Constraints are the rules specified on a record that prevents incorrect data before saving the record. Odoo always ensures data integrity and enforces the validation processes to provide complete and correct data.
In Odoo 15, the constraints are set to the data using python and model constraints. These constraints are mainly intended to validate the data on the record before it is traced in the database. So let’s discuss the python and model constraints in Odoo 15.
SQL Constraints are defined on the model using the class attribute _sql_constaints. These constraints belong to the part of PostgreSQL. This attribute ‘_sql_constaints’ is assigned as the list of triples of strings. Its syntax is the following;
_sql_constraints = [(name, sql_def, message)]
Here the name is the constraint identifier name, sql_def is the PostgreSQL syntax of the constraint, and the message is the error message displayed to the user when the constraint or the condition is not satisfied.
For example,
_sql_constraints = [
('barcode_uniq', 'unique(barcode)', "A barcode can only be assigned to one product !"),
]
It’s a _sql_constraints taken from the model for products; it aims to verify that the barcode of each product is unique and, if it fails, then display the error message.
As per the syntax, the first string 'barcode_uniq' is the name of this constraint. This identifier name is followed by the SQL definition 'unique(barcode)'. UNIQUE constraint is the most used SQL constraint that prevents duplicating the data for the mentioned field. This unique constraint is provided with a field name whose duplicity is prevented. If the barcode is not unique, it will display the error message, the last list string for _sql_constraint.
This is how the error message will be displayed when the unique constraint identifies the duplicity of the data.
Another _sql_constraints is the CHECK constraint which checks the SQL expression on the data. For example,
_sql_constraints = [
('positive_qty', 'CHECK(qty > 0)', 'Contained Quantity should be positive.')
]
This is an example of using the CHECK constraints of the _sql_constraints. This constraint is mentioned in the model of Product Packaging. Here the constraints whose name is 'positive_qty' check if the quantity is greater than 0 or not. If it’s not greater than 0, then it will arise the error message.
An important note is that a python SQL constraint is defined before the coding section; it will always be specified in the field declaration section.

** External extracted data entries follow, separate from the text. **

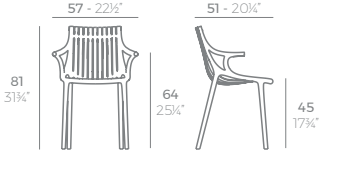

IBIZA Silla con brazos
IBIZA Chair with arms

Basic Básico	Lacquered Lacado	Cushion Acolchado (NAUTIC)	Cushion Acolchado (SILVERTEX, CREVIN, SAVANE, HERITAGE)
65044	65044F	65044CO	65044CCO
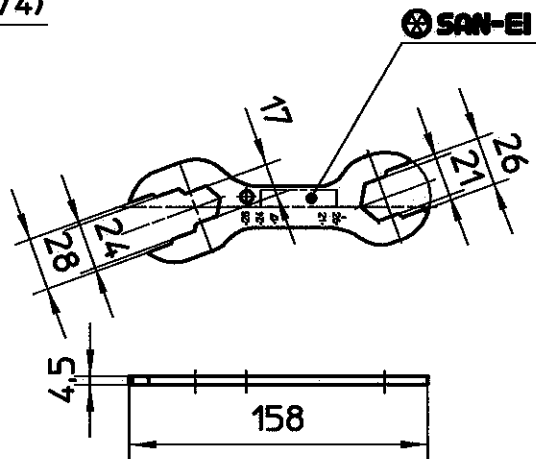

図番

ケレップ(1/2)

アダプターセット(1/4)

上部分岐パイプ(1/4)

ペンリーフレキ(1/4)

スパナ(1/4)

備考

脱臭機能付き

品名

温水洗浄便座  
"シャワーズ"

品番

EW9001

尺度

1/10

承認

検

In some other cases, we may have to ensure data consistency by using more complex checks, so in that case, the python constraints are used. It’s a method decorated with constraints that are invoked on a record set.
A python constrains arbitrary codes to validate a record of data. Here the validation is performed by using a function that is decorated with the decorator ‘@api.constrains’.
@api.constrains('name', 'description')
def _check_description(self):
for record in self:
if record.name == record.description:
raise ValidationError("Fields name and description must be different")
This is the basic syntax that how we can use the python constraints. It consists of the decorator @api.constrains followed by the fields involved in the validation process. After this, the validation function is used for applying the conditions used for the check.
The validation function will be triggered whenever the validating fields are modified, and then it should raise an exception. Usually, the ‘ValidationError’ is used to show the exception. As the ‘_sql_constiants’ do, the python constraints also prevent saving the incorrect data to the database.
Here is an example that illustrates the python constraints;
@api.constrains('age')
def _check_something(self):
for record in self:
if record.age > 30:
raise ValidationError(“Age is greater than”)
In this example, the constraints specified to the field ‘age’ in a model check if the age is greater than 30 or not. If the validation fails, that means if the age is greater than 30, it will show the Validation error “Age is greater than,” and otherwise, it returns nothing.
We need to import ‘ValidationError’ or ‘UserError’ for showing an exception.
The @api.constrains only support simple fields( for example, partner_id.phone), and it will not support other related fields (for example, partner_id.customer), which will be ignored.
For @api.constrains, it has some other limitations; also, that is the @api.constrains will be triggered only if the field inside the constraints is included in the ‘create’ or ‘write’ functions it is because if the fields are not present in the view, it will not trigger the python functions.
Compared to python constraints, SQL constraints are more powerful and efficient. Even though it can be used as the needful, both will ensure data consistency.